--- START ---
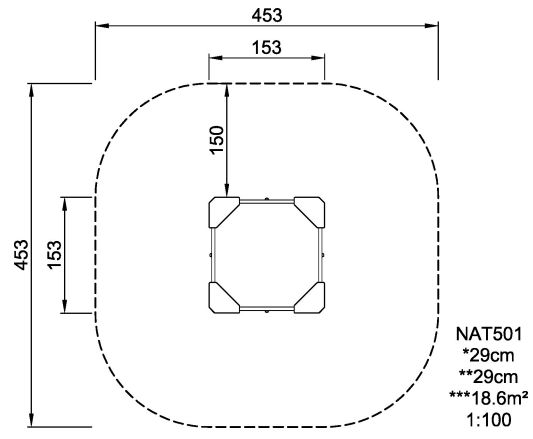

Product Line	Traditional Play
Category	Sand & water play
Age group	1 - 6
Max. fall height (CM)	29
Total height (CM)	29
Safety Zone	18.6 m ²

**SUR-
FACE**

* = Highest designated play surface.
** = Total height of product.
--- END ---
--- START ---
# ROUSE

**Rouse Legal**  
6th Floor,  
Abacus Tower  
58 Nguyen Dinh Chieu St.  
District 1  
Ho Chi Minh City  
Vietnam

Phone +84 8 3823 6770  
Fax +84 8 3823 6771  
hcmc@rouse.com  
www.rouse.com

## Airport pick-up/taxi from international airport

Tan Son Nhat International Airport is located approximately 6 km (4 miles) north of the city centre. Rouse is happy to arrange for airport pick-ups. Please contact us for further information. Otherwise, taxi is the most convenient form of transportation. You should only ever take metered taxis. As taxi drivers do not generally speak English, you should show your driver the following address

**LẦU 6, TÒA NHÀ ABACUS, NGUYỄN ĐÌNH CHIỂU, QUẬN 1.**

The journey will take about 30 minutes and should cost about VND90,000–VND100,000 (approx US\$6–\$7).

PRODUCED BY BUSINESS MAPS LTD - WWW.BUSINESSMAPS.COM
--- END ---
* _WHAT THIS TASK INVOLVES_
Only lines containing the word "airport" should be copied from the material above.

* _RESPONSE TO THIS TASK_
## Airport pick-up/taxi from international airport
Tan Son Nhat International Airport is located approximately 6 km (4 miles) north of the city centre. Rouse is happy to arrange for airport pick-ups. Please contact us for further information. Otherwise, taxi is the most convenient form of transportation. You should only ever take metered taxis. As taxi drivers do not generally speak English, you should show your driver the following address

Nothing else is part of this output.